Doch Daniel Pluta und seine sieben Kollegen sind gleichermaßen erfahren im Umgang mit Freud und Leid und dem, was sie sich selbst an psychischer Belastung zumuten können. Und sie wissen zudem genau, wann ein Patient eine Massage, etwas Musik oder einen Besuch braucht. Sie tun im Team alles dafür, damit es den zu pflegenden Menschen dadurch und auf andere Weise besser geht, sie sich wohlfühlen und Kraft schöpfen.

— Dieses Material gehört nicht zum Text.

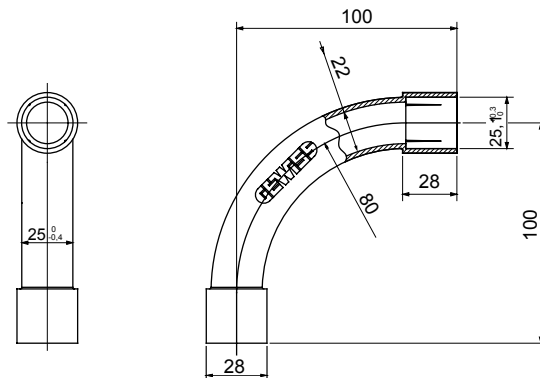

Componenti di percorso per i tubi protettivi rigidi serie RK con gradi di protezione IP40 e IP67.

Colore	Grigio RAL 7035	Grado di protezione	IP40
Tubi Ø (mm)	25	Tipo Materiale	Halogen free secondo norma EN 50642
Codice Electrocod	21221		

### DIMENSIONALE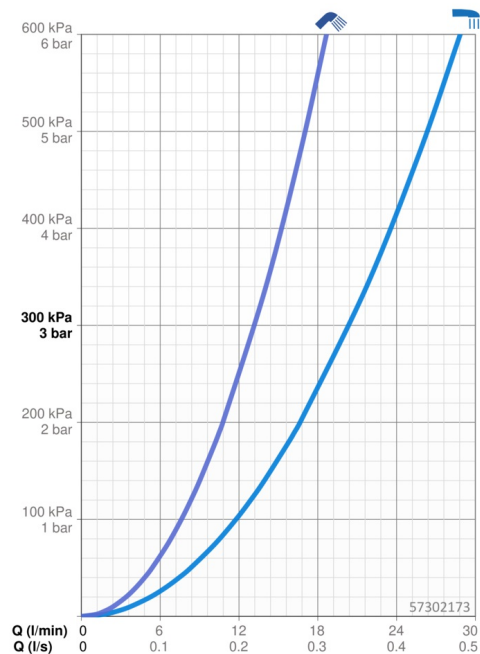

Technické údaje

Vlastnosti průtoku

Průtokové množství při 3 bar

20.4 / 13.2 l/min

Technické vlastnosti

Zdroj teplé vody

max. +80°C

Pracovní tlak

0.5-10 bar

Velikost přípojky

G1/2

Zabezpečení proti zpětnému toku (ČSN EN 1717)

EB

Materiál

Mosaz

Předpisy

Norma EN

EN 817

Třída hlučnosti

I (ISO 3822)

Schválení a Prohlášení

Prohlášení o shodě

DoC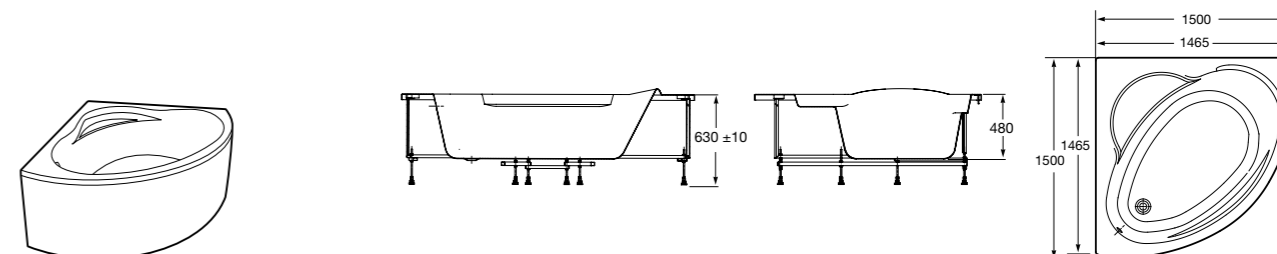

Bali

Акриловая ванна асимметричная, глубина 48 см. Монтажный комплект заказывается отдельно.

	A	B	Объем, л
7248639000	1500	1500	400

724F184000	Монтажный комплект.		
7259134000	Фронтальная панель.

Doch der Job auf einer Station, wo Mitarbeiter letztlich mehr mit Tod und Trauer zu tun haben als in anderen Krankenhausbereichen, fordert: mental und, durch den Schichtdienst, ebenso zeitlich. Für frühere Hobbys hat der junge Stationsleiter und einstige Kampfsportler daher schon lange viel weniger Zeit, weshalb er Boxen und Thai-Boxen bereits aufgab. Die Zeit widmet er nun lieber seiner Familie. „Besonders freue ich mich darauf, in diesem Sommer einen Teil der Elternzeit mit meinem Sohn verbringen zu können. Ich will ihn aufwachsen sehen, bei seinen ersten Schritten und Worten dabei sein“, begründet der Vater die Inanspruchnahme der gesetzlich möglichen Auszeit trotz seiner verantwortungsvollen Leitungstätigkeit.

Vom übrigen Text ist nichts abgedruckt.